Они были людьми робкими и редко устраивали приемы.

Оба опубликовали по роману. Ее был о семейной жизни, он писал о евреях.

Бурные дискуссии о судьбах романа прошли мимо них. Вечерами, когда дети уже были уложены, и настольная посудомоечная машина урчала, испуская запах горелого машинного масла, они садились — она за свой стол, он за свой — и начинали писать. Писали они не без труда, предаваясь раздумьям, и в то же время естественно — как птицы поют. Они исповедовали точность, психологический реализм и искренность, верили в добродетель и даже в разум. Их не волновала судьба романа, заявления о гибели героя и сюжета. Они оставались безмятежны. Порой, закрывая на ночь тетради, они казались себе друзьями и возлюбленными в литературе — как Джордж Элиот и Джордж Генри Льюис.

В постели они радовались своей производительности и с сомнением обсуждали теорию.

— На этой неделе семь страниц пока что.

— А у меня девять с половиной, но четыре пришлось вычеркнуть. Сюжет пошел не туда.

— Все потому, что ты пишешь от первого лица. Это всегда стесняет. Не дает выбраться из чужой шкуры.

И так далее. Но в одном они сходились: оба никогда не писали о писателях. Герой непременно должен был быть реальным человеком, занятым реальным делом, — чиновником, банкиром, архитектором (как они завидовали Конраду и его капитанам), иначе легко можно было скатиться в солипсизм, нарциссизм, занудство, потерять контакт с широкой публикой — да мало ли еще какие опасности тут грозят.
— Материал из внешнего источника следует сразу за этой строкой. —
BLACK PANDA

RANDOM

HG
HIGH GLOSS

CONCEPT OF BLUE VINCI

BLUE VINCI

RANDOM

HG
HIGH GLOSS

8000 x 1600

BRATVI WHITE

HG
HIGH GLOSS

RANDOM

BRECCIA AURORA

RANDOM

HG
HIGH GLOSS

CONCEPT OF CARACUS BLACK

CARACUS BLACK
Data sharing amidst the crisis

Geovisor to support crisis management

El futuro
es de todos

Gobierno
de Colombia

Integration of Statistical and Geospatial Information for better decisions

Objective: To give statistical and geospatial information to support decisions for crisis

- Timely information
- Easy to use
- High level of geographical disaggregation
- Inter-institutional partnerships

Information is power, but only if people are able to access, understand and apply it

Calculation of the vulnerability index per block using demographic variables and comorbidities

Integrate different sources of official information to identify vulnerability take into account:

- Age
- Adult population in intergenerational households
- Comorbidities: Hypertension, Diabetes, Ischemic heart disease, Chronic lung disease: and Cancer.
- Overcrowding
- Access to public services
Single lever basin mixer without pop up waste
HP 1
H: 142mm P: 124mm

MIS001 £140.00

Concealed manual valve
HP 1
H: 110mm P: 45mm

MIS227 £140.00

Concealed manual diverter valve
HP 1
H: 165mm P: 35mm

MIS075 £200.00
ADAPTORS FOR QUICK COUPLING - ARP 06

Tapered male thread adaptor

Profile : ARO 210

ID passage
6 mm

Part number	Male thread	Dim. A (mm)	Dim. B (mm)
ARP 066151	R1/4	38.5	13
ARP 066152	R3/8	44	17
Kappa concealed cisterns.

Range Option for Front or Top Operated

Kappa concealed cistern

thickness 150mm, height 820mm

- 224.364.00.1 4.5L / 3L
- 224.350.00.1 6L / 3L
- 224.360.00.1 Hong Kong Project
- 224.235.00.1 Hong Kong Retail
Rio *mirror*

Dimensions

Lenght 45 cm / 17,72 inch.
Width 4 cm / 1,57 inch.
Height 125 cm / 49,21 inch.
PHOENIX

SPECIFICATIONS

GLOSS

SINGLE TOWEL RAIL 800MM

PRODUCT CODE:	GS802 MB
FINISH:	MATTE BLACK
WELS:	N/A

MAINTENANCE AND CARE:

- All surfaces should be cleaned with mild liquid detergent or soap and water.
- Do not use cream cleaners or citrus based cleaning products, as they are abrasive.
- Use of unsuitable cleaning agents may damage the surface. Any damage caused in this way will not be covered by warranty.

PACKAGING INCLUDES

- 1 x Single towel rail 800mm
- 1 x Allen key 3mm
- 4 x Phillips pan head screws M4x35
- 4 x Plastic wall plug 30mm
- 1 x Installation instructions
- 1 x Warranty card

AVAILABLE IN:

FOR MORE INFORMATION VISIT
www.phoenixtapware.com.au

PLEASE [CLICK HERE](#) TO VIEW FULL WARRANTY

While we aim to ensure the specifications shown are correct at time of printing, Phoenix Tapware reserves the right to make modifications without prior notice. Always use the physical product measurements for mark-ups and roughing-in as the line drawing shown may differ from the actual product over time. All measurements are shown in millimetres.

Найти конкретную тему труднее всего было Люси. Роман, над которым работал теперь Фейнгольд, был о Менахеме бен Зерахе, пережившем резню евреев в испанском городе Эстелле в 1328 году. С утра до полуночи он прятался под горой трупов, пока «сострадательный рыцарь» (так писали о нем в истории, на которую Фейнгольд опирался) не вытащил его и не забрал к себе домой — лечить раны. Менахему было двадцать, его отца с матерью и четверых младших братьев зарезали. За один мартовский день погибло шесть тысяч евреев. Фейнгольд прекрасно описал, как ласковый ветерок, разносивший солоноватый запах свежей крови и пепел еврейских жилищ, обдувал лица мародеров. И все же кончалась его история победно — Менахем бен Зерах становился знаменитым ученым.

— Если ты собираешься рассказывать, как он, уже сделавшись ученым, просто сидит и пишет, — возражала Люси, — ты нарушишь запрет.
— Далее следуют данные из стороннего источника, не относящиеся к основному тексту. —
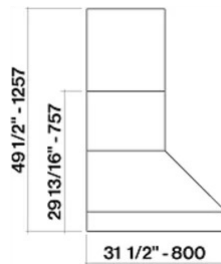

**Version** FOPYR48W12OS / Wall 48" (120 cm) - 1200 CFM  
**Collection** Outdoor

**FEATURES AND PROPERTIES**

**Materials/Finishes** Scotch brite stainless steel (AISI 304)  
**Control** Knob control  
**Ducting type** Extracting/Filtering  
**Chimney** Optional Chimney  
**Installation type** Wall  
**Lighting** LED Strip (3000K)  
**Filters** Professional Baffle Filters  
**Ducting type**  
**Dimensions** 48 in

Photograph is for information purposes only. May not correspond to the selected version

**ELECTRICAL CONNECTION AND CONSUMPTION**

**Maximum consumption** 680 W  
**Voltage/Frequency** 110-120V 60Hz

**BLOWER PERFORMANCE**

**Motor** 2x600 CFM  
**Minimum sound level** 0 dB (A)re1pW I.E.C. 60704-2-13  
**Maximum sound level** 0 dB (A)re1pW I.E.C. 60704-2-13

**WEIGHTS AND DIMENSIONS**

**Gross weight** 124 lbs  
**Net weight** 108 lbs  
**Volume** 31 ft  
**Packaging dimensions** L 53 x H 36 x D29 in

Lateral view

Top view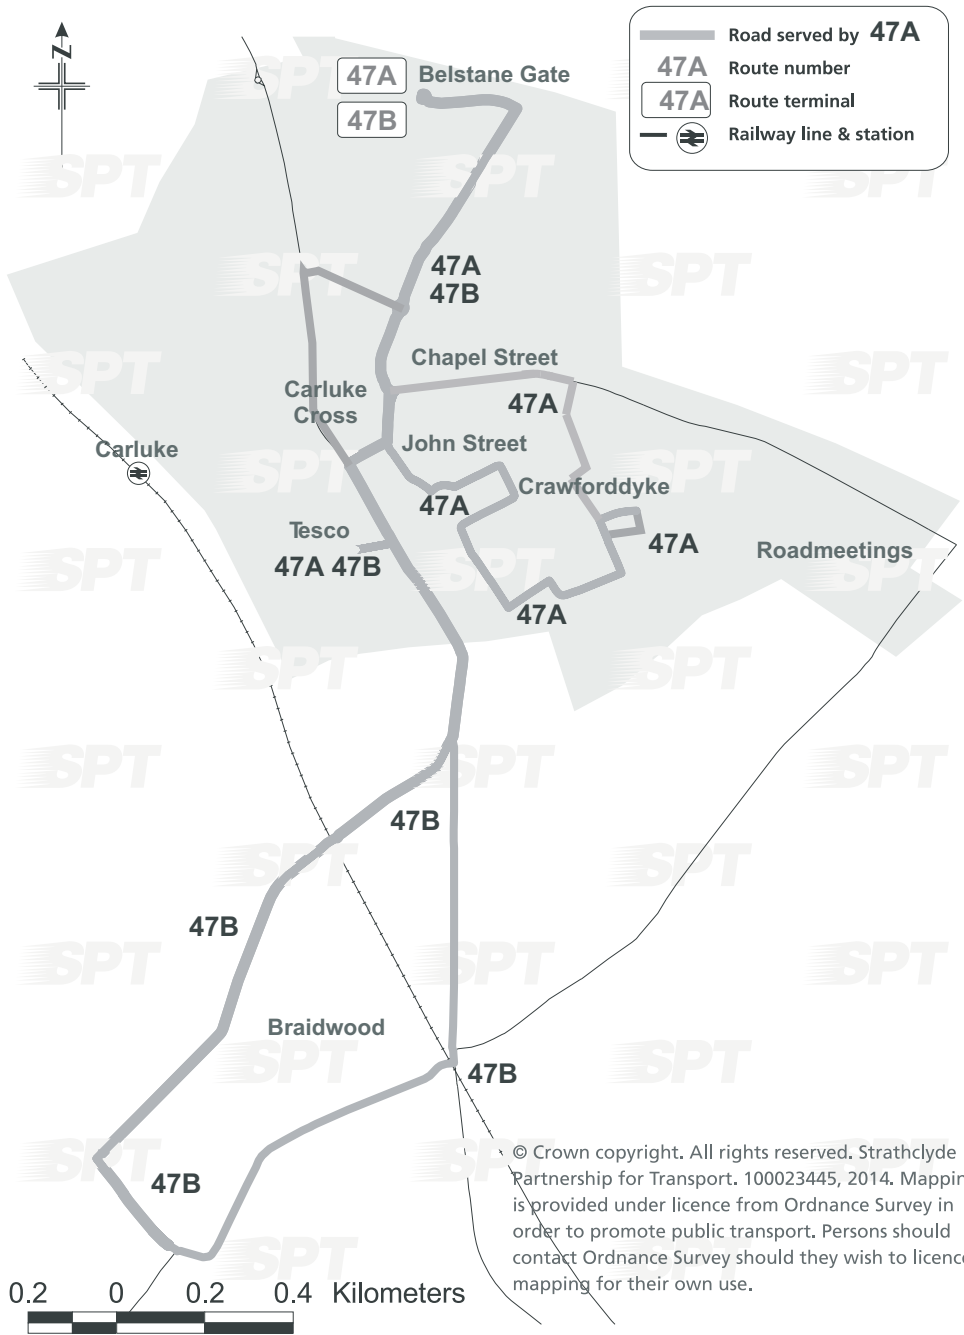

# Route map service 47A, 47B

Ref. W072/04/14

© Crown copyright. All rights reserved. Strathclyde Partnership for Transport. 100023445, 2014. Mapping is provided under licence from Ordnance Survey in order to promote public transport. Persons should contact Ordnance Survey should they wish to licence mapping for their own use.

This service is operated by JMB Travel Ltd. partly on behalf of SPT.

**Route Service 47A:** from Carluke, Belstane Gate via Hyndshaw Road, Belstane Road, Sandy Road, Stewart Street, Kirkton Street, Lanark Road, Tesco Access Road, Lanark Road, James Street, John Street, Lagan Road, Glenmavis Crescent, Glencoe Road, Larksfield Drive, Eastfield Road, Glenafeoch Road, Wilton Road, Caneluk Avenue, Ramage Road, Angus Road, Glenafeoch Road, Brookbank Terrace, Strathlachlan Avenue, Carnwath Road, Chapel Street, Belstane Road, Hyndshaw Road to Carluke, Belstane Gate.

**Route Service 47B:** From Carluke, Belstane Gate via Hyndshaw Road then the above route to Tesco Access Road then via Lanark Road Bushelhead Road, Braidwood Road, A73, Lanark Road, Tesco Access Road, Lanark Road, James Street, John Street, Chapel Street, Belstane Road, Hyndshaw Road to Carluke, Belstane Gate.

**Service 47A**

Belstane Gate	
1.00 Sandy Rd	
1.30 1.00 Carluke Cross	
1.30 1.30 1.00 Tesco	
1.85 1.85 1.30 1.30 Wilton Rd	
1.90 1.90 1.80 1.80 1.00 Rankin Gate	
2.10 2.00 1.90 1.85 1.65 1.00 Belstane Gate

Но Фейнгольд говорил, что собирается сосредоточиться на резне и особенно на жизни «сострадательного рыцаря». Что пробудило в нем сострадание? Какое образование он получил? Что читал? Фейнгольд намеревался сочинить дневник сострадательного рыцаря и приводить из него отрывки. В этом дневнике сострадательный рыцарь должен был дать выход всем своим дарования, страстям и взглядам.
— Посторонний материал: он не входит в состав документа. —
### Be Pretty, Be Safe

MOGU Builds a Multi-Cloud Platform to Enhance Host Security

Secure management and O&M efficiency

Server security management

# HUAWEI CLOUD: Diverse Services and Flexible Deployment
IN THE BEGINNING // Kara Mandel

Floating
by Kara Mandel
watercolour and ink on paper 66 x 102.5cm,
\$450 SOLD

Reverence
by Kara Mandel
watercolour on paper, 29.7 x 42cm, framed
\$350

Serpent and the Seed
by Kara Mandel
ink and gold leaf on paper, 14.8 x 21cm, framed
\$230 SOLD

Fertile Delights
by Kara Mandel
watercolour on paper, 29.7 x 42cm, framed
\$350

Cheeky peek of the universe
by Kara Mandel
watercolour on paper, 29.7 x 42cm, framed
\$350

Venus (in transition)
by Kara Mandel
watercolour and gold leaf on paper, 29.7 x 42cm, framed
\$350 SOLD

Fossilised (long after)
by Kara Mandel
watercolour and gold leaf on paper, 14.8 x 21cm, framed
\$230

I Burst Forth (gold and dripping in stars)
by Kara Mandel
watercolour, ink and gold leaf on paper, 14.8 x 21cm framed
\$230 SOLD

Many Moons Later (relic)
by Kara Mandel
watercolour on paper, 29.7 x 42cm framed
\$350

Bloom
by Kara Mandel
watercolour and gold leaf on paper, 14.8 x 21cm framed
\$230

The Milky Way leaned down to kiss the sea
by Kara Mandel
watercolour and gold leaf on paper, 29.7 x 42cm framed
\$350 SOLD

— Солипсизм, — сказала Люси. — Твой сострадательный рыцарь — всего-навсего очередной писатель. Нарциссизм. Занудство.

Они часто беседовали о Запретном. У них даже появилось выражение «Запретный город», потому что их (в особенности Люси) не просто тянуло писать — солипсично, нарциссично, занудно и забыв о широкой публике — о писателях, а конкретно о нью-йоркских писателях.

— Сострадательный рыцарь, — говорила Люси, — жил в Верхнем Ист-Сайде Эстеллы. Он жил на Риверсайд-драйв Эстеллы, на Вест-Энд-авеню. Он жил на Сентрал-парк-Вест Эстеллы.

Фейнгольды жили на Сентрал-парк-Вест.

В ее романе — уже изданном, не в том, над которым она работала, — Люси описала от первого лица место, где они жили.

Я успела наглядеться на вест-сайдские квартиры. Их планировка ставит в тупик. Двери, ведущие в никуда — поворачиваешь ручку, открываешь дверь: стена. За ней, в другой квартире, кто-то храпит. Эти дворцы разбивают на две-три и даже четыре-пять квартир. Унитазы в древних, влажно поблескивающих трещинах, — как старые зазеленевшие реки. Колонны с канелюрами и камины. Некогда здесь жил Артур Рубинштейн. Он бурно играл на позолоченном пианино сонаты Бетховена. Звуки разбегались как ртуть. Теперь все высказывания облечены в буквы. Редакторы. Критики. Книги, старые книги, тяжкие как века. Полки, встроенные в остывшие камины. Фрейд на решетке, Маркс на плите на очаге, Мелвилл, Готорн, Эмерсон. Г-споди, какая же это тяжесть.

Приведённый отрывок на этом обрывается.